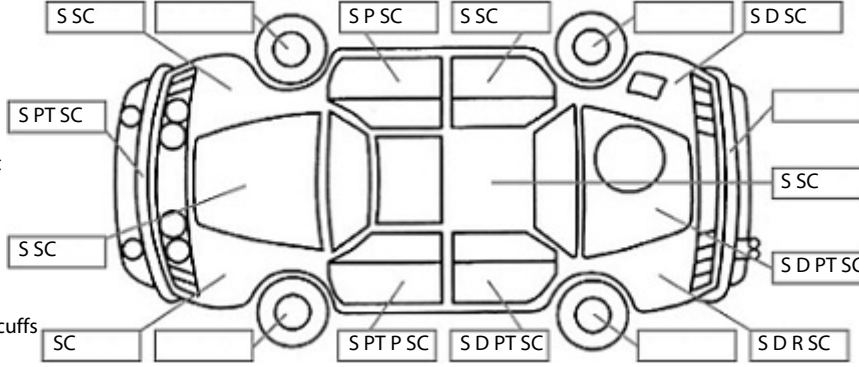

**Key:**

- S = scratch
- D = dent
- R = rust
- PT = paint defect
- C = crack
- P = pin dent
- \* = decals
- SC = stone chips
- W = significant scuffs

Body Inspection Comments

Note: some defects & blemishes may not be displayed in the diagram

Dents in cab corners.  
Surface rust on RH side step.  
RH fog light lens cracked.

Conditions During Body Inspection: Dry

Under Carriage & Under Bonnet Inspection Comments

Interior Comments

Seats	Good
Carpets	Average, passenger floor mats missing.
Panels	Average
Dashboard	Average, steering wheel worn.

▸ TASK STATEMENT
Which of the lines above contain "Body"? Return them all.

▸ SOLVED PROBLEM
Body Inspection Comments
Conditions During Body Inspection: Dry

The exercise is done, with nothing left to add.